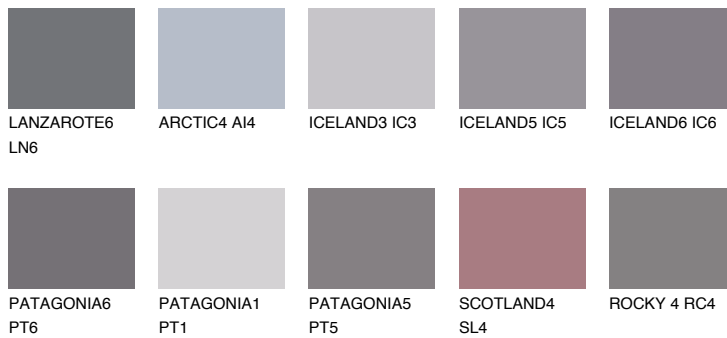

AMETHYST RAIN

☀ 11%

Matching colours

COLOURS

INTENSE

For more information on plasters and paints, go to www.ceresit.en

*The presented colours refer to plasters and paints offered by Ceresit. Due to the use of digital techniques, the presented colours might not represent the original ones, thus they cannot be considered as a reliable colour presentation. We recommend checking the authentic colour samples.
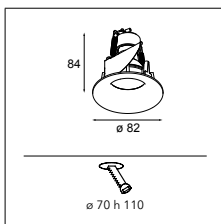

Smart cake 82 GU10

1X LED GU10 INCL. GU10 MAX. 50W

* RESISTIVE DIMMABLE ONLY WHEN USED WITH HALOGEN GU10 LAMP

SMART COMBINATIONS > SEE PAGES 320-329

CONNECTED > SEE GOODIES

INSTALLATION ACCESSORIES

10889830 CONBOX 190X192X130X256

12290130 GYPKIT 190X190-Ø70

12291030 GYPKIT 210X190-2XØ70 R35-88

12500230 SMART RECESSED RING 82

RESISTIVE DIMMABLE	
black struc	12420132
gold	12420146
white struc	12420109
----
Output all the records, word for word, with no pictures in the copy.

**TASK RESULT**
AMETHYST RAIN

☀ 11%

Matching colours

COLOURS

INTENSE

For more information on plasters and paints, go to www.ceresit.en

*The presented colours refer to plasters and paints offered by Ceresit. Due to the use of digital techniques, the presented colours might not represent the original ones, thus they cannot be considered as a reliable colour presentation. We recommend checking the authentic colour samples.

Smart cake 82 GU10

1X LED GU10 INCL. GU10 MAX. 50W

* RESISTIVE DIMMABLE ONLY WHEN USED WITH HALOGEN GU10 LAMP

SMART COMBINATIONS > SEE PAGES 320-329

CONNECTED > SEE GOODIES

INSTALLATION ACCESSORIES

10889830 CONBOX 190X192X130X256

12290130 GYPKIT 190X190-Ø70

12291030 GYPKIT 210X190-2XØ70 R35-88

12500230 SMART RECESSED RING 82

RESISTIVE DIMMABLE	
black struc	12420132
gold	12420146
white struc	12420109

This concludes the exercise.